Bootstrapping a Side Business - First Steps

For the past few weeks I've been working on a little product that I'm calling remindlyo, which I'm hoping to turn into a secondary income stream. The basic idea is that you put events about the important people in your life, like birthdays, anniversaries, or what have you, into remindlyo. On the day of the event, remindlyo calls you to remind you and connects you to them, all on the same phone call. You can read more about it on the main remindlyo site. In this post I want to talk more about the why instead of the what.

Since I first figured out what a business does, I've wanted to get in on it. I think I was 12 when I first said to my mom "I want to start a business.
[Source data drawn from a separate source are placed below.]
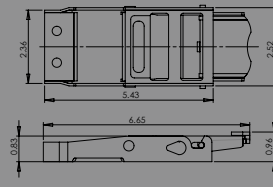

8034-WH
3" SINGLE J-HOOK W/ WELDED TUBE - 22,000 LB.

7033-SHK
RATCHET SNAP HOOK W / SPACERS - 6,000 LB.

SHOWN ON 7031

Overcenter Buckles

504
2" OVERCENTER BUCKLE

511
2" STAINLESS STEEL OVERCENTER BUCKLE - 1,750 LB.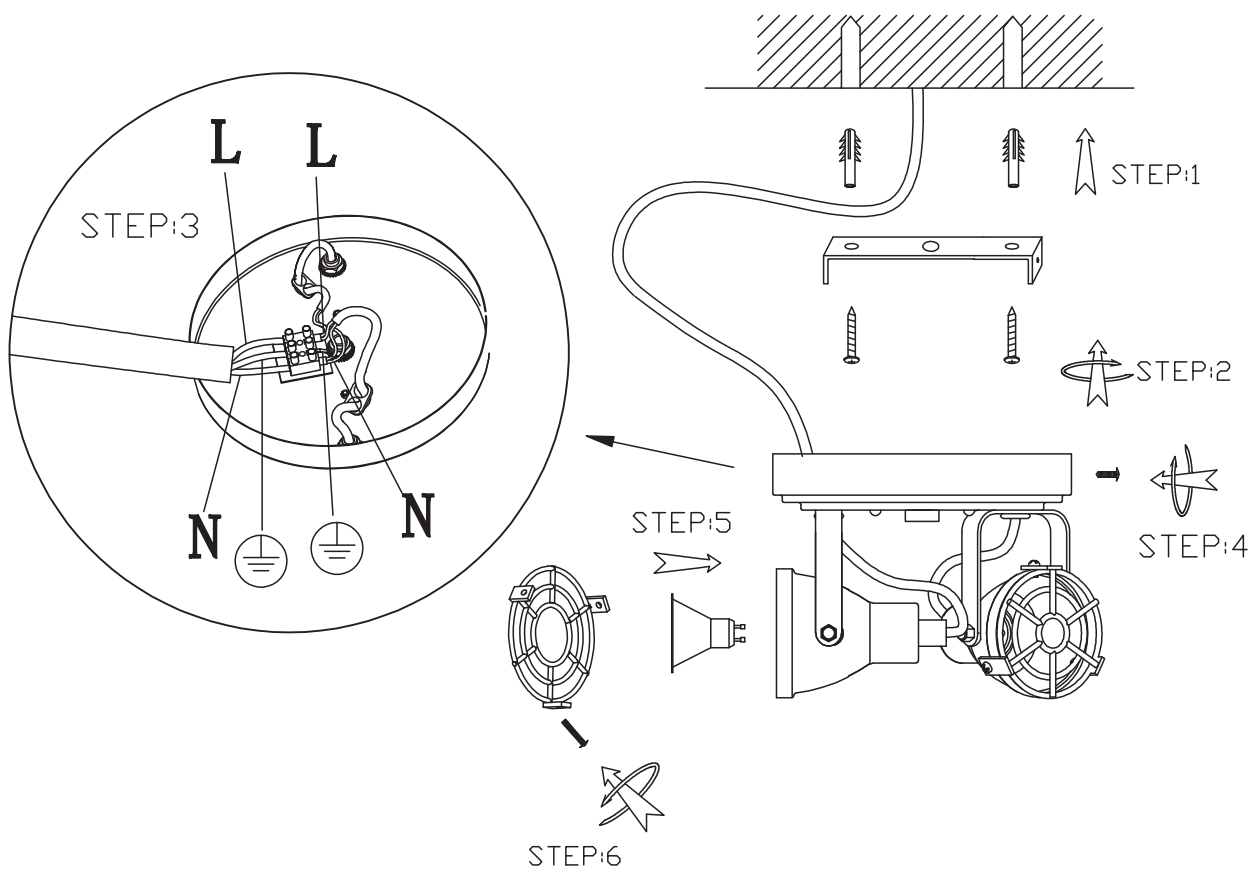

INSTRUCTION MANUAL

Sorra 2 SL Rust
96680

Overall size: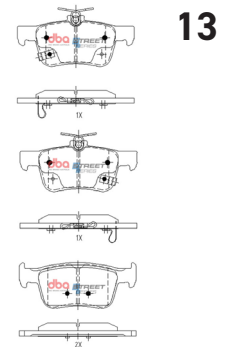

9

Ford Fiesta WG1.5L ST 2018 - on

Part No : **DB15149SS**
Barcode : **9316391467898**

STREET
SERIES

DESCRIPTION & DIMENSIONS (mm)			
Set Contains	2 Inner Pads + 2 Outer Pads		
Pad Overall Length	155.1	Pad Overall Length	155.1
Pad Overall Height	56.3	Pad Overall Height	55.3
Pad Thickness	15.3	Pad Thickness	15.3
Position	Front		
Year	2018 - on		

10

Lexus LC500, LS500 2017 - on

Part No : **DB15150SS**

Barcode : **9316391469250**

STREET
SERIES

DESCRIPTION & DIMENSIONS (mm)			
Set Contains	2 Left Pads + 2 Right Pads		
Pad Overall Length	200.1	Pad Overall Length	
Pad Overall Height	95.9	Pad Overall Height	
Pad Thickness	17.0	Pad Thickness	
Position	Front		
Year	2017 - on		

Lexus LC500, LS500 2017 - on

Part No : **DB15151SS**

Barcode : **9316391469267**

STREET
SERIES

DESCRIPTION & DIMENSIONS (mm)			
Set Contains	4 Pads		
Pad Overall Length	111.0	Pad Overall Length	
Pad Overall Height	76.2	Pad Overall Height	
Pad Thickness	13.9	Pad Thickness	
Position	Rear		
Year	2017 - on		

Honda Accord Vti-LX 2.0
Hybrid CV 2019 - on

Part No : **DB15152SS**

Barcode : **9316391469274**

STREET
SERIES

DESCRIPTION & DIMENSIONS (mm)			
Set Contains	LH Inner + RH Inner + 2 Outer Pads		
Pad Overall Length	122.4	Pad Overall Length	122.4
Pad Overall Height	53.4	Pad Overall Height	48.4
Pad Thickness	13.9	Pad Thickness	13.9
Position	Rear		
Year	2019 - on

I don't want a regular job." Of course, like any responsible mother, she replied "How about you go to college and get a few years experience before starting?" Not exactly satisfactory, but it was sound advice. Now, 15 years later, I'm in a position where I can actually follow through.

I've been aware of Patrick McKenzie for a few years now, but I recently came across his Greatest Hits list and over the course of maybe two days I devoured every single post. They're all great. I had already had an idea for a little project like remindlyo, but Patrick's posts inspired me to expand it into something that I could actually sell.

So then the problem was, what to sell? What can I build that people will buy? I've had a few ideas in the past, but then a few weeks ago my girlfriend kind of dropped the idea for remindlyo in my lap one day. When I told another developer at Emma about it he suggested a whole suite of improvements, which pretty much leads directly to the marketing site I have up and running today.

I can hear you asking "but what if people don't buy it?". That's the biggest fear, but also the most irrelevant, at least for me. I'm doing this first and foremost to learn how a business works from the inside. A very close second is the chance a bunch of technologies that I haven't played with until now, including Ruby on Rails, Twilio, and Heroku, as well as how web marketing and the good kind of SEO works. The opportunity to gain an additional income stream is a somewhat distant third.